Yes. Just to clarify, 15 years is the absolute limit in the sense that if there is no other major evaluation of that product or no major new use of that product, at minimum in 15 years it will be re-evaluated. But if anything comes in in the meantime, whether it is incident reporting or new data from any source, that 15-year timeline is not.... Any new information is what takes precedence. That 15 years is the extreme end of the review.

In reality, what happens is that most companies will add a new use, for example, or a new crop, and that will require new data. The products are generally always being looked at with fresh data.

In terms of harmonization, I would like to make the comment that my sense of working directly in this area is that we will never get to 100% harmonization, because regulators around the world will encounter situations once in a while where they will have legitimate differences of opinion on how data is to be interpreted.

What I would suggest is that we could achieve 90% of the harmonization objectives we have, without even running into those areas of controversy, just by making regulators around the world aware that there are 18 other countries that have office buildings of biologists just like them, and could they please be aware that each other exists. If we could achieve that, we could go so far, without going into those areas of legitimate differences of opinion.

I can quickly try to address that for you.

Some of the large farms do have agronomists right on staff, as you identified, so they may well have their own in-house agronomic advice.

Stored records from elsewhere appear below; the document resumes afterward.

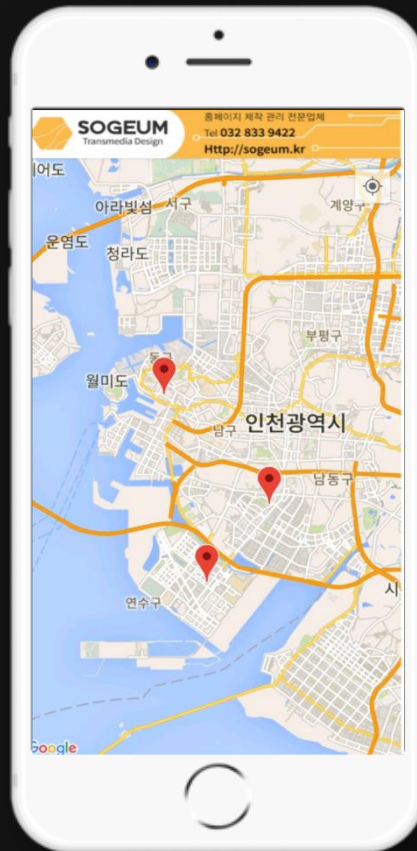

디앤에이

실내건축 및 인테리어 사이트

참여기간 2021.04-2021.05

대한직장인체육회.낙시&보트협회

전국 직장인 낙시&보트, 낙시교실, 낙시대회 등 낙시 정보 사이트

참여기간 2021.08-2021.09

04. 포트폴리오 portfolio

어플리케이션 개발 UX/UI Design

카테고리	소셜
분야	어플리케이션
설명	세계 최대의 국가봉사 단체 - 위치기반서비스, 화상회의, 투표 및 설문 등
참여기간	2021.08 - 2021.10
참여율	100%

라이온스

- 01 세계 최대의 봉사단체, 국제라이온스협회 인천지구 공식 어플리케이션
- 02 내 주변에 있는 회원들이 어디에 있는지 확인하고 싶을때? 위치 기반 서비스로 확인하세요!
- 03 종이수첩 대신 모바일 관리 수첩으로 간편하고 쉽게 확인하세요!
- 04 멀리 떨어져 있어도 화상회의로 참석이 가능!

Smaller farms, generally, have access to similar advice provided by independent agrology services. Most retailers would have a licensed agronomist on staff who is capable of delivering impartial advice.

As far as incorporating it right into the act goes, I'm not sure that's required. All of the products are registered, so then crop choices become more a matter of planning and the desires of individual farmers regarding the way they want to farm. When they do make choices, those are registered choices that are applied under strict guidelines. So I think advice is there for virtually any farm, big or small, that wants it or needs it.

I would just add that I think this is one of the things industry does really well. The Canola Council of Canada, for example, in the case of canola, has lots of agronomists on staff. So if you're not a big farmer, if you're a small farmer and you need the advice, you can go to those organizations. They're actually engaged hands-on in giving farmers advice, and in translating information that comes from some of the new product development, from the new products, directly to farmers.

They give independent advice. They really specialize in the area. I think it would be very difficult for a federal organization or a federal act to do that better than individuals at the industry level who are engaged in that business of providing advice. They do a really good job of outreach to growers of all kinds, giving the advice they need. We have crop advisories all the time regarding when to spray. For example, the Canola Council of Canada has a website that tells you about spray to swath. It gives you very precise advice about when you should spray, what times you should spray, and what products you should spray. Farmers have access to that information all the time.

I think that's one of the things that industry does very well. It's facilitated by clear guidelines and an enabling framework from the act. As for the actual hands-on translation and the advice about products, I think we already have a really good system for doing that.